## [What you will do]
Return all lines from the listing below in which the string "Distancia" occurs.

## [Material to process]
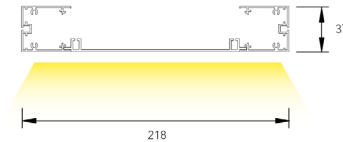

Halogenuros metálicos

- De aluminio extrusionado
- Luz directa
- Fabricación a medida según necesidades de obra tanto en longitud como en posición de la fuente de la luz.
- Permite combinarse con el resto de productos de la familia pla.
- Luz directa
- Luz proyectada halogenuros metálicos.
- Puede incorporar equipo emergencia y/o regulación de intensidad.
- Colores: Plata, Negro, Blanco (cualquier RAL bajo pedido)

longitud mm.	descripción	ecoraee	código	material incluido
500	MH:1x70	2	PLMH1070	foco+equipo
600	MH:1x150	2	PLMH1150	foco+equipo
1000	MH:2x70	2	PLMH2070	foco+equipo
1200	MH:2x150	2	PLMH2150	foco+equipo
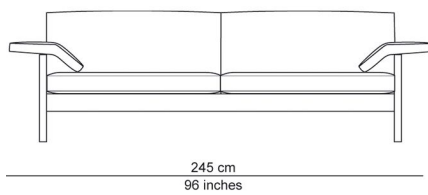

EVITA

In onze Privacy Verklaring informeren we u over de gegevens die wij verzamelen wanneer u onze website bezoekt en waarvoor we die gebruiken.

Versturen

DESIGNER

Henk Heres

BESCHRIJVING

De nonchalante donskussens liggen in een strak frame van hout. De poten lopen door in het frame en maken van de sofa een licht geheel. De armkussens liggen los op uitneembare draagvlakken zodat ruimte vrijgemaakt kan worden voor een extra zitplaats of een tafeltje. Hoofdsteunen zijn als optie verkrijgbaar. De kussens zijn afgewerkt met een bias.

AFBEELDINGEN

TECHNISCHE TEKENINGEN

67 cm
26 inches
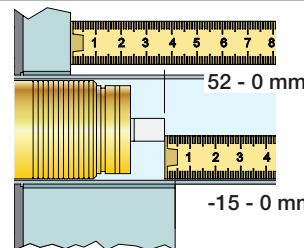

NR.21:

1

NR.28+19+24:

2

Förlängning
 Verlängerung
 Extension
 Anpassing
 Modifikation
 Fortlængelse

VR2260/VR1400/VR2019		
	3 - 15 mm	Std.
Tiles:	15 - 25 mm	+10
Fliesen:	25 - 35 mm	+20
Fliser:	35 - 45 mm	+30
Tegels:	45 - 55 mm	+40
Carreaux:	55 - 65 mm	+50

VR2260/VR1400/VR2019		
	35 - 47 mm	Std.
	25 - 35 mm	+10
	15 - 25 mm	+20
	5 - 15 mm	+30
	-5 - 5 mm	+40
	-15 - 5 mm	+50

NR 21

NR 21 - 1

		A
VR2279	16 mm	30 - 34 mm
VR2279B	12 mm	26 - 30 mm
VR2279C	8 mm	22 - 26 mm

VR1260/VR1400/VR2019		
40 - 52 mm	Std.	
30 - 40 mm	+10	
20 - 30 mm	+20	
10 - 20 mm	+30	
0 - 10 mm	+40	
-10 - 0 mm	+50	

NR21: VR20D, VR22, VR1275, VR2269, VR2273, VR2278, VR2279, VR2279B, VR2279C
 VR1277K: VR22, VR1277, VR2269
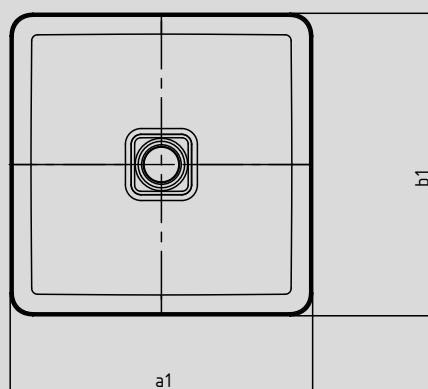

# BOWL MIENA ANGULAR

- Productos de alta gama con elevadas exigencias de diseño purista
- Múltiples posibilidades de combinación con bañeras y platos de ducha como complementos perfectos
- Diseño de baño icónico: ideal para la combinación con griferías de gran calidad
- De acero vitrificado KALDEWEI resistente y duradero gracias a un material perfectamente adecuado al diseño
- Diseñado por Anke Salomon

Similar a las imágenes

Mod.3185

N.º de modelo		3184	3185
Longitud exterior	$a_1$	400	580 mm
Ancho exterior	$b_1$	400	380 mm
Distancia superficie de espejo hasta borde inferior de estampación del desagüe	$c_{12}$	119	119 mm
Distancia borde posterior hasta centro del agujero de desagüe	$f_5$	200	190 mm
Peso del lavabo vitrificado en kg		8,9	11,6
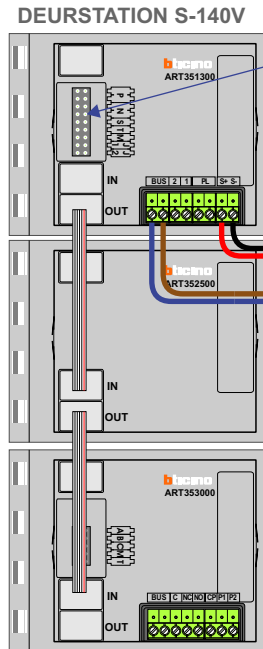

— = systeemkabel
Bij andere getwiste kabel 66% afstand!
Bij ongetwiste kabel max. 50 meter buitenpost naar videofoon.
UTP op aanvraag.

BUS 2-DRAADS

Bij monteren/demonteren spanning eraf en voorkom defecten!

VideoVerdeler

De aders moeten echt OP de klemmen doorgelust worden!

Pot.vrij contact tbv deuropener
S- S+ C NC NO

Max. 50 meter

Max. 100 meter systeemkabel tot laatste videofoon

N-waarde	Huisnummer	Switch On	Intoetsen
1	34-2	X	2
2	34-3	X	3
3	34-4	X	4
4	34-5	X	5
5	34-6	X	6
6	34-7	X	7
7	34-11	X	11
8	34-12	X	12
9	34-13	X	13
10	34-14	X	14
11	34-15	X	15
12	34-16	X	16
13	34-17	X	17
14	34-21	X	21

N-waarde	Huisnummer	Switch On	Intoetsen
15	34-22	X	22
16	34-23	X	23
17	34-24	X	24
18	34-25	X	25
19	34-26	X	26
20	34-27	X	27
21	34-31	X	31
22	34-32	X	32
23	34-33	X	33
24	34-34	X	34
25	34-35	X	35
26	34-36	X	36
27	34-37	X	37
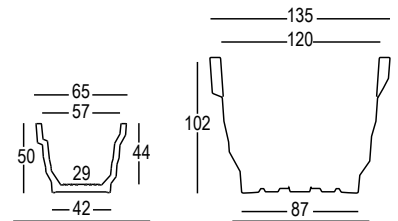

REBELOT

REBELOT 65
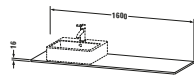

**Konsole**

Basis Angaben	
Langbezeichnung	Duravit XSquare Konsole, Nachtblau Seidenmatt, Rechteckig, Anzahl Ausschnitte: 1 – XS060HL9898
Artikel Nr.	XS060HL9898

Spezifikationen	
Anzahl Ausschnitte	1
Oberfläche	Lack
Oberflächenbehandlung	Lackiert
Montage	
Montageart	Korpusmontage
Farbe	
Farbwert	Nachtblau
Glanzgrad	Seidenmatt
Material	
Material	Hochverdichtete MDF-Platte
Waschplatz	
Position Becken	Links
Anzahl Waschplätze	1

Features	
Hahnlochbohrungen möglich	✓

Lieferumfang	
Technische Dokumentation	
Inkl. Montageanleitung	ohne

Logistik	
Artikelgewicht	9 kg
Verkaufsverpackung	
Art Verkaufsverpackung	Karton
Menge / Verkaufsverpackung	1 Stk.
Ab Werk verpackt	✓
Breite Verkaufsverpackung inkl. Artikel	610 mm
Höhe Verkaufsverpackung inkl. Artikel	1700 mm
Tiefe Verkaufsverpackung inkl. Artikel	135 mm
Gewicht Verkaufsverpackung inkl. Artikel	9 kg
Anzahl Packstücke	1

Passende Produkte	
Passende Artikel	
	Konsolenwaschtischunterbau bodenstehend <b># XS4924</b> XSquare
	Konsolenwaschtischunterbau wandhängend <b># XS4914</b> XSquare

Vermaßung	
Breite / Länge	1600 mm
Min. Variable Breite / Länge	0 mm
Max. Variable Breite / Länge	0 mm
Höhe	16 mm
Tiefe / Breite	550 mm
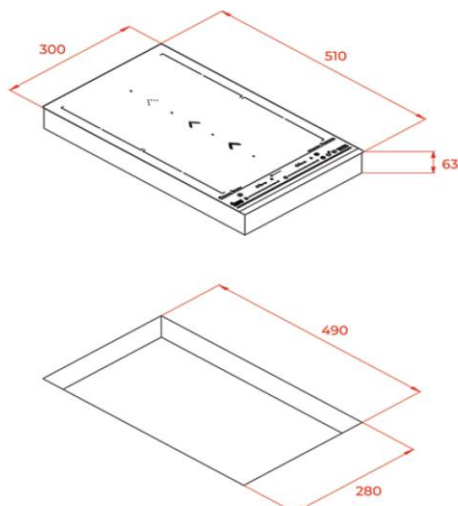

Dibujo técnico

Características

FLEX con sistema de inducción Slide Cooking

- Cristal con bisel frontal
- Touch Control Domislider, con bloqueo de seguridad
- Programador del tiempo de cocción
- 4 zonas de induccion (2 + Slide Flex + Flex combinada)
  - -1 zona Slide Flex de 230 x 400 mm
  - -1 zona Flex de 230 x 400 mm
  - -2 zonas de 230 x 200 mm

Función Slide Cooking

Funciones directas: Simmering, Melting y Mantenimiento de calor

- Función Power Plus
- Modo Silencio
- Sistema de optimización del recipiente
- Sistema de fácil instalación Fast-Click
- Regulador de potencia

Combinable con otros modelos con bisel frontal:

Kit de unión opcional 40204394

Color	Referencia	EAN 13
Cristal	112500000	8434778000894

Datos técnicos

- Potencia nominal máxima W: 3.500
- Indicadores de calor residual: si
- Bloqueo de seguridad: si
- Desconexión automática de seguridad: si
- Seguridad gas por termopar: -
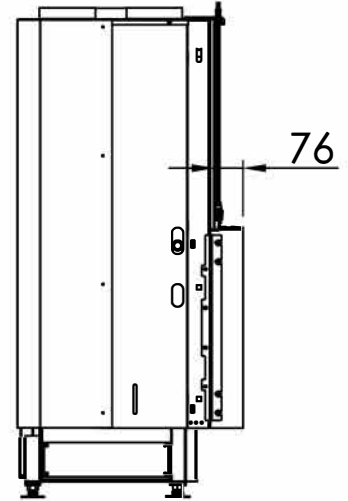

Varia B-120h + WLM, écran, droite

3 côtés massif

2020/07

~1:20

*optional
*optional
*optional
*optional
*optional
*optional
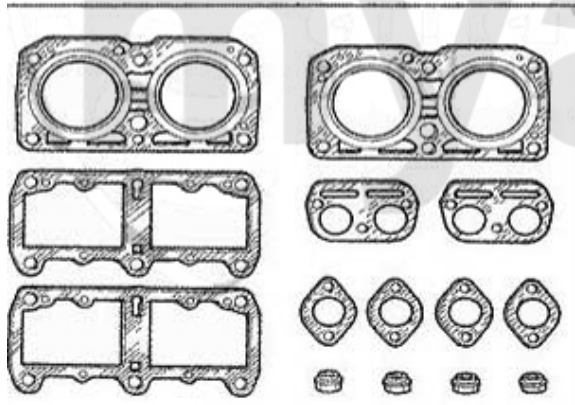

Kopfdichtsatz/Head Set 145/6 1.4/1.6 IE Boxer

1. 232 40500
1.4 IE

2. 232 36000
1.6 IE

1 23240500 Kopfdichtsatz 33,145/6 1.4 ie Bj. 91-96

On request

2 23236000 Kopfdichtsatz 33/145/6 1.4/1.6 IE Boxer

2 120,93 kr
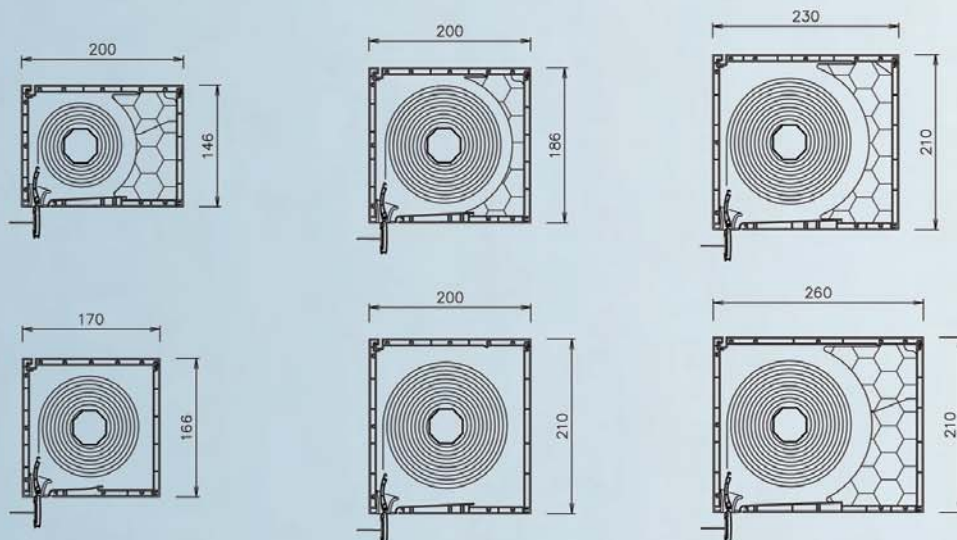

¿Es RolaPlus el mejor cajón?

Sus prestaciones así lo indican y los resultados de los ensayos lo avalan, pero no todo el mundo es capaz de darse cuenta a tiempo. Hace falta revisar los datos y fijarse en los detalles que marcan la diferencia.

El capialzado

Características

El Cajón RolaPlus se basa en dos funciones básicas que condicionan su estructura:

- La ocultación del cerramiento mediante una persiana enrollable de gran calidad que protege del sol y da seguridad a la vivienda.
- El refuerzo del aislamiento de la ventana evitando las transmisión de temperatura, con la ayuda de una pieza de poliestireno. Consigue un valor U que oscila entre 0,6 y 1,39 W/m²K.
- El mantenimiento de los niveles de estanqueidad, permeabilidad y resistencia a través del perfecto cierre y clipado de los perfiles que componen el sistema.

El cajón estándar tiene unas medidas de 186 mm de alto por 200 mm de ancho. Con estas medidas es posible realizar todo tipo de ventanas o balconeras.

Para otras necesidades RolaPlus también dispone de otras medidas de cajón:

Ancho	170	200	230	260
Alto	146	166	186	210

## [Exercise answer]
Distancia superficie de espejo hasta borde inferior de estampación del desagüe	$c_{12}$	119	119 mm
Distancia borde posterior hasta centro del agujero de desagüe	$f_5$	200	190 mm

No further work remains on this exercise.